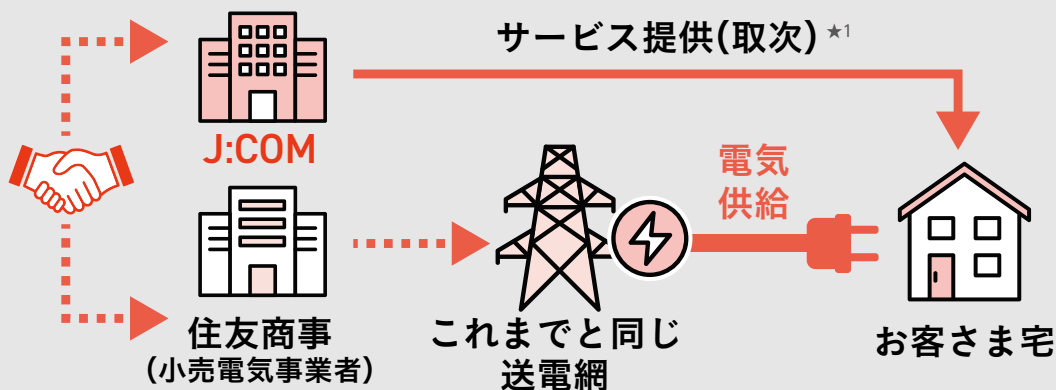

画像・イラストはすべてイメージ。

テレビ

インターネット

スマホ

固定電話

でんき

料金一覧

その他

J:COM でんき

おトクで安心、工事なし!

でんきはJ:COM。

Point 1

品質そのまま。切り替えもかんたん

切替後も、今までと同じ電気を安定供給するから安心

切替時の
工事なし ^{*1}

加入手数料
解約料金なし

============

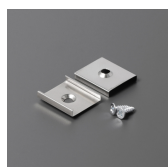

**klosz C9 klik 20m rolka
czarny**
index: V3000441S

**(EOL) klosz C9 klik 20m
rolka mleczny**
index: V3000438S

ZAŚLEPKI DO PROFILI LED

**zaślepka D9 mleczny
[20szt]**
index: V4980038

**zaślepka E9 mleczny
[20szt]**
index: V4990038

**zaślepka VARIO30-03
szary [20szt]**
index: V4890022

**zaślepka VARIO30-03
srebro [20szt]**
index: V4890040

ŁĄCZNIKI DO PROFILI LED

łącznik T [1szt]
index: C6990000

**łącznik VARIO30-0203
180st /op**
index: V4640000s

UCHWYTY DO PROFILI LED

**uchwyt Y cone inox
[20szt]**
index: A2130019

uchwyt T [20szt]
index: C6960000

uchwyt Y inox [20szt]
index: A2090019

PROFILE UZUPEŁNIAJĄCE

============

WHAT IS BEING ASKED: Repeat, word for word, the lines above between the line holding "index: V4890040" and the line holding "PROFILE UZUPEŁNIAJĄCE", inclusive; omit everything else.

EXERCISE ANSWER:
index: V4890040

ŁĄCZNIKI DO PROFILI LED

łącznik T [1szt]
index: C6990000

**łącznik VARIO30-0203
180st /op**
index: V4640000s

UCHWYTY DO PROFILI LED

**uchwyt Y cone inox
[20szt]**
index: A2130019

uchwyt T [20szt]
index: C6960000

uchwyt Y inox [20szt]
index: A2090019

PROFILE UZUPEŁNIAJĄCE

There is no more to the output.